What’s it like to be married to you?

In the healing for our marriage that followed the 18 days, a confronting thought came to me.  “What’s it like to be married to me?”

I realized I’d spent all this time prior to the break concerned about Jana’s heart, her character and how she wasn’t meeting my needs, expectations, or frankly, my demands.  I thought, wouldn’t we have a great marriage if she’d just change a little?

Jerk.  I know.  I really operated from that mindset.

Then, I flipped it around.  The question rattled around my head and I started considering my own level of selfishness, the attitudes of my heart, my own issues and what I was bringing to the relationship.  I realized I could only control my own thoughts and actions.  I couldn’t control her.  I realized I needed to work on my own heart and character, and spend more time considering how I could love her well and meet her needs, best I could.
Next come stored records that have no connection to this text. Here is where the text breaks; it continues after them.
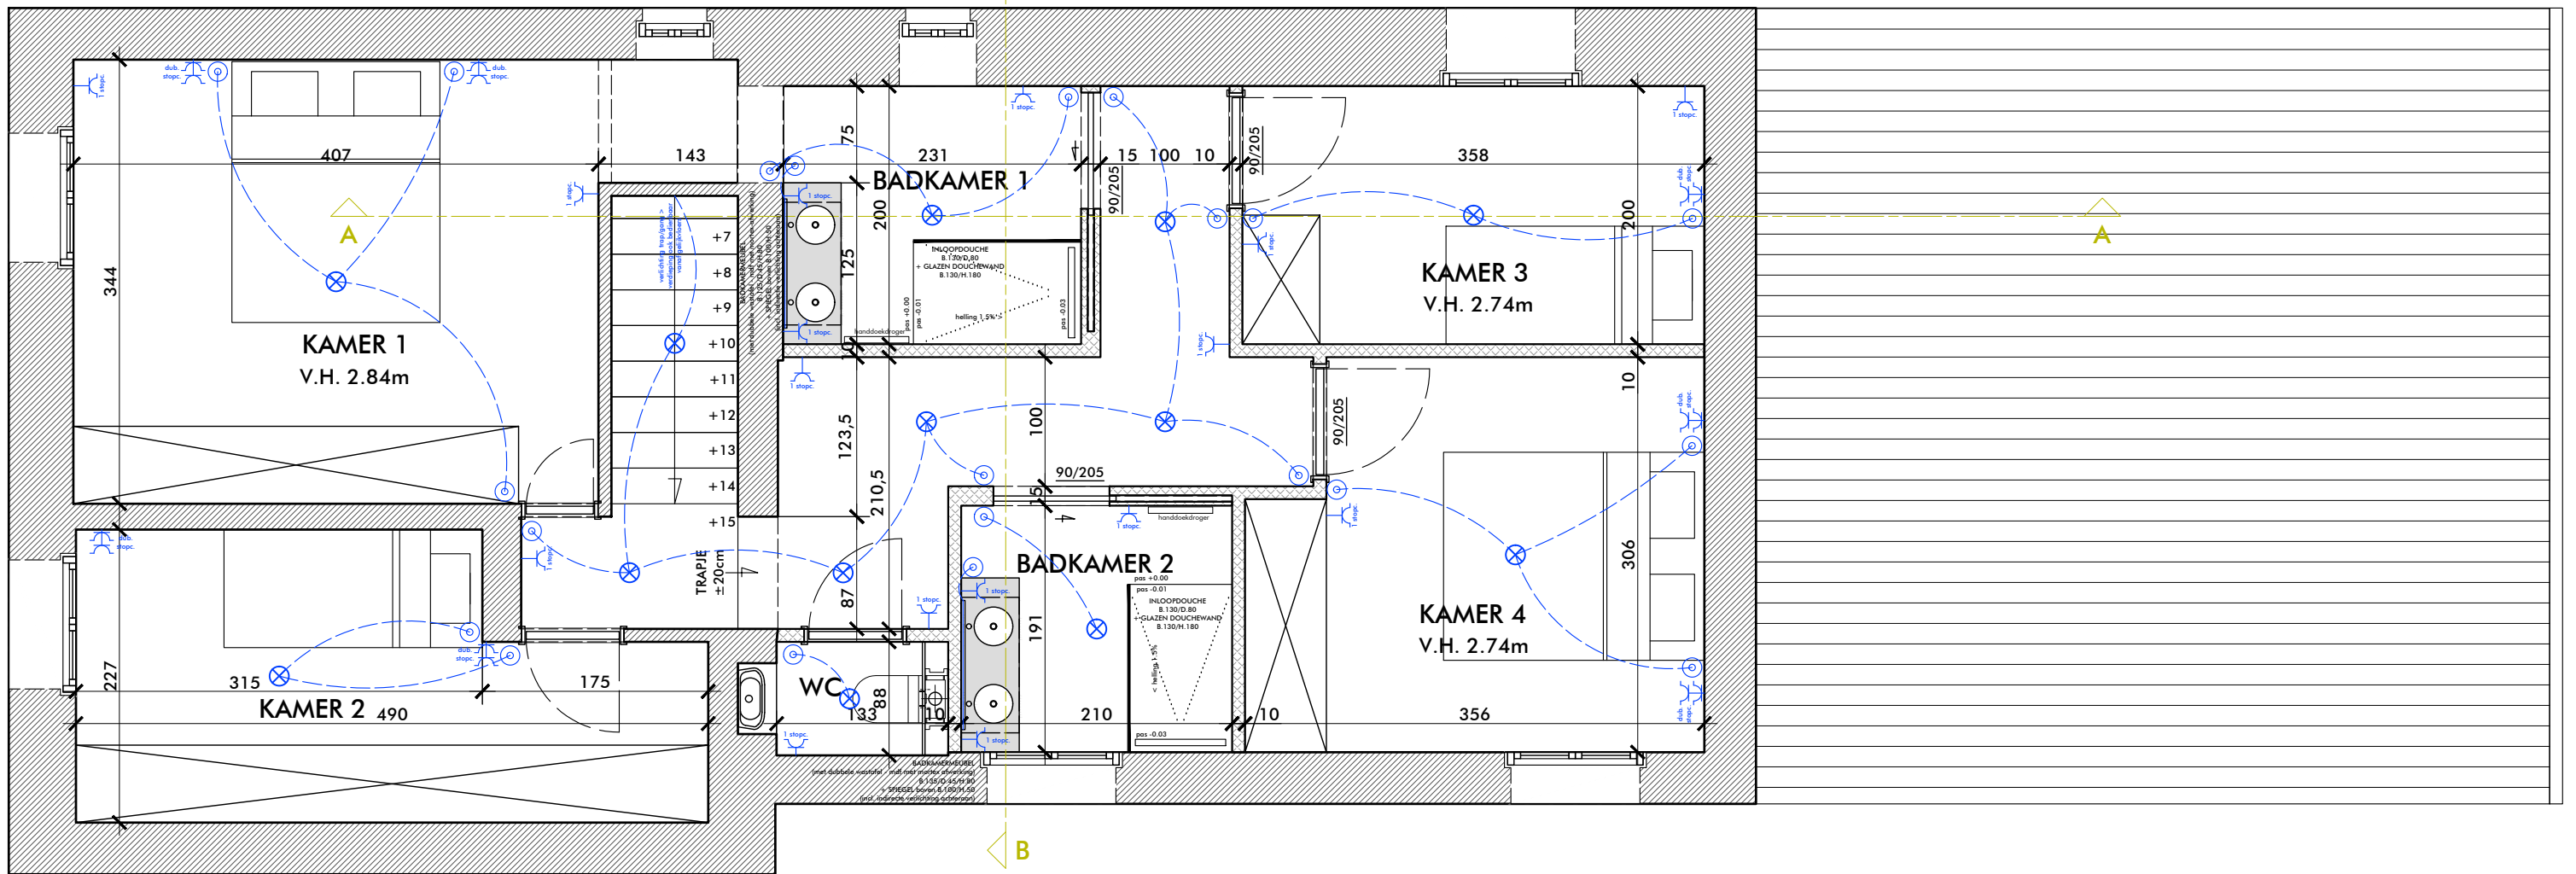

LEGENDE ELEKTRICITEIT	
	lichtpunt
	drukknop
	voeding keukentoestel
	dubbel stopcontact
	enkel stopcontact
	data-stopcontact

muurdiktes en buiten-/ binnenschrijnwerk werd niet opgemeten

LEGENDE ELEKTRICITEIT	
	lichtpunt
	drukknop
	voeding keukentoestel
	dubbel stopcontact
	enkel stopcontact
	data-stopcontact

muurdiktes en buiten-/ binnenschrijnwerk werd niet opgemeten

muurdiktes en buiten-/ binnenschrijnwerk werd niet opgemeten

PARADOU - PLAN BADKAMERS 1 & 2 NIEUWE TOESTAND - schaal 1/20

muurdiktes en buiten-/ binnenschrijnwerk werd niet opgemeten

BADKAMER 1

BADKAMERMEUBEL
(met dubbele wastafel - mdf met mortex-afwerking)
B. 125/D. 45/H. 80
+ SPIEGEL boven B. 100/H. 50
(incl. indirecte verlichting achteraan)

KEUKEN

KASTEN IN MDF MET AFWERKING IN MORTEX
KASTDEUREN IN OPLEG - HOUT

KASTEN IN MDF - wit geschilderd
KASTDEUREN IN VLAK VAN DE KAST

plan 8 / 8

muurdiktes en buiten-/ binnenschrijnwerk werd niet opgemeten

Tim Keller sums this thought up well, in his book, The Meaning of Marriage:

The alternative to this truce-marriage is to determine to see your own selfishness as a fundamental problem and to treat it more seriously than you do your spouse’s.  Why?  Only you have complete access to your own selfishness, and only you have complete responsibility for it.  So each spouse should take the Bible seriously, should make a commitment to “give yourself up.”  You should stop making excuses for selfishness, you should begin to root it out as it’s revealed to you, and you should do so regardless of what your spouse is doing.  If two spouses each say, “I’m going to treat my self-centeredness as the main problem in the marriage,” you have the prospect of a truly great marriage.